Two lines below mark the span: the one containing "Trasero Dunlop 4.00" and the one containing "M4x0,7 LG. 165/12º". Set down both, plus every line between, exactly as they stand, and nothing else.
BEGIN SOURCE DATA
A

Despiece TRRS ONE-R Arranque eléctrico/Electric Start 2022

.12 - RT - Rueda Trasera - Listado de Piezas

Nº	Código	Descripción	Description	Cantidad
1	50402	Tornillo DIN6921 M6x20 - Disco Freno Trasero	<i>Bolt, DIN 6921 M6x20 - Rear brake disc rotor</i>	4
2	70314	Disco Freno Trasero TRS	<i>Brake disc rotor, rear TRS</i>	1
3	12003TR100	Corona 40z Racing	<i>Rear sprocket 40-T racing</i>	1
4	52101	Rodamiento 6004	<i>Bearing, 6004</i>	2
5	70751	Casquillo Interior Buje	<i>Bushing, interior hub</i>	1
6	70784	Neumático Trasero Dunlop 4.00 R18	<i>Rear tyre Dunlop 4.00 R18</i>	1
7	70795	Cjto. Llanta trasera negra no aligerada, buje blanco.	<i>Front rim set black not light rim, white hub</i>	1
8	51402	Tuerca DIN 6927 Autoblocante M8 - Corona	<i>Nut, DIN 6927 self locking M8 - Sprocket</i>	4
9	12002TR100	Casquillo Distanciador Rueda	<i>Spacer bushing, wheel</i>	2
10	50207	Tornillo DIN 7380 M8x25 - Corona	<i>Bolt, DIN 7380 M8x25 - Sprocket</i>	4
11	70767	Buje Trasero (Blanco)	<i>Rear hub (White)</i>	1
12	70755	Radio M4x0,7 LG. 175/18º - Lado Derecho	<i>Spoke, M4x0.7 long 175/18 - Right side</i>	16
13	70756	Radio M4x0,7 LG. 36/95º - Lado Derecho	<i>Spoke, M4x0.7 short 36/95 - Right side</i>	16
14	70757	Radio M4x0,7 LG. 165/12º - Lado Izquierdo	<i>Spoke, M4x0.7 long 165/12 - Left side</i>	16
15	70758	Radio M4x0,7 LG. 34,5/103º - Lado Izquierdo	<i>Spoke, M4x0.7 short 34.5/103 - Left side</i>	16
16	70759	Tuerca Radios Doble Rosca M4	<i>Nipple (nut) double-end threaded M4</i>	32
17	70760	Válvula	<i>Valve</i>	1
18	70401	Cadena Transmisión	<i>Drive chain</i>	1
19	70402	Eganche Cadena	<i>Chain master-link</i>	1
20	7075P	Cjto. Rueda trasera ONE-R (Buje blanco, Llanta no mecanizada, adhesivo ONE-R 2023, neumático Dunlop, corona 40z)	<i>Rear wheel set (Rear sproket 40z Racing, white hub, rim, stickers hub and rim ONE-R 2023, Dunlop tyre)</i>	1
END SOURCE DATA
BEGIN SOURCE DATA
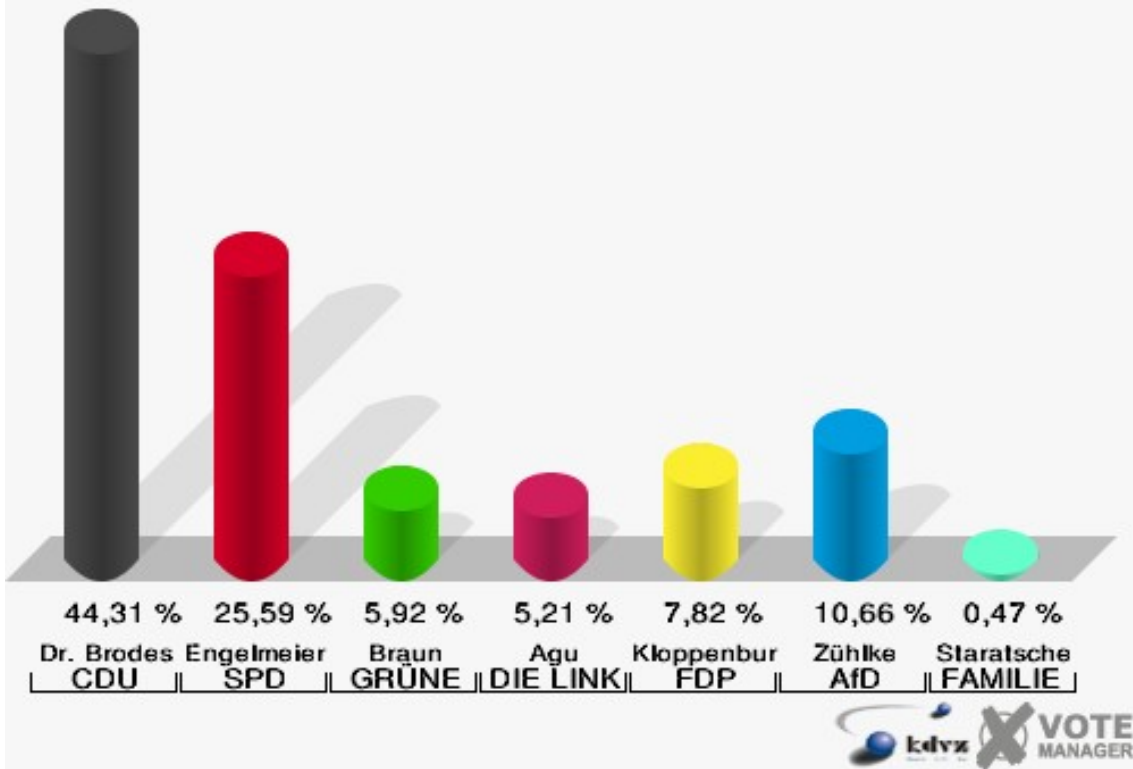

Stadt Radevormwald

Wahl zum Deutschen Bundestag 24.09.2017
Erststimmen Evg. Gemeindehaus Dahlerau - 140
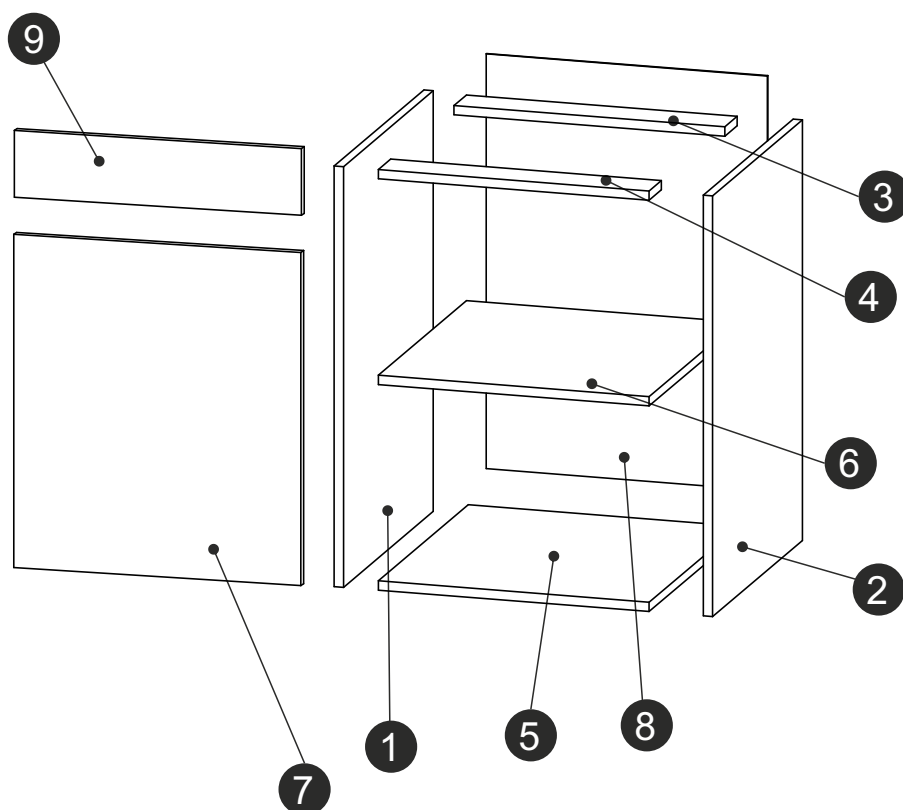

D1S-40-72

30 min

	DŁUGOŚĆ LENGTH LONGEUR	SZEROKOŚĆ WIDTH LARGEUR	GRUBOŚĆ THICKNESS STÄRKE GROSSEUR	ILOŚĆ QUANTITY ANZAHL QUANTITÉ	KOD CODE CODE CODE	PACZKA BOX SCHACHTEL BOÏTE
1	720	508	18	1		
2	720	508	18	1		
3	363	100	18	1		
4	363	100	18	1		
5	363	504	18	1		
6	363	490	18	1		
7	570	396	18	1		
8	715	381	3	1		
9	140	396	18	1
END SOURCE DATA
> _OUTPUT OF THE TASK_:
6	70784	Neumático Trasero Dunlop 4.00 R18	<i>Rear tyre Dunlop 4.00 R18</i>	1
7	70795	Cjto. Llanta trasera negra no aligerada, buje blanco.	<i>Front rim set black not light rim, white hub</i>	1
8	51402	Tuerca DIN 6927 Autoblocante M8 - Corona	<i>Nut, DIN 6927 self locking M8 - Sprocket</i>	4
9	12002TR100	Casquillo Distanciador Rueda	<i>Spacer bushing, wheel</i>	2
10	50207	Tornillo DIN 7380 M8x25 - Corona	<i>Bolt, DIN 7380 M8x25 - Sprocket</i>	4
11	70767	Buje Trasero (Blanco)	<i>Rear hub (White)</i>	1
12	70755	Radio M4x0,7 LG. 175/18º - Lado Derecho	<i>Spoke, M4x0.7 long 175/18 - Right side</i>	16
13	70756	Radio M4x0,7 LG. 36/95º - Lado Derecho	<i>Spoke, M4x0.7 short 36/95 - Right side</i>	16
14	70757	Radio M4x0,7 LG. 165/12º - Lado Izquierdo	<i>Spoke, M4x0.7 long 165/12 - Left side</i>	16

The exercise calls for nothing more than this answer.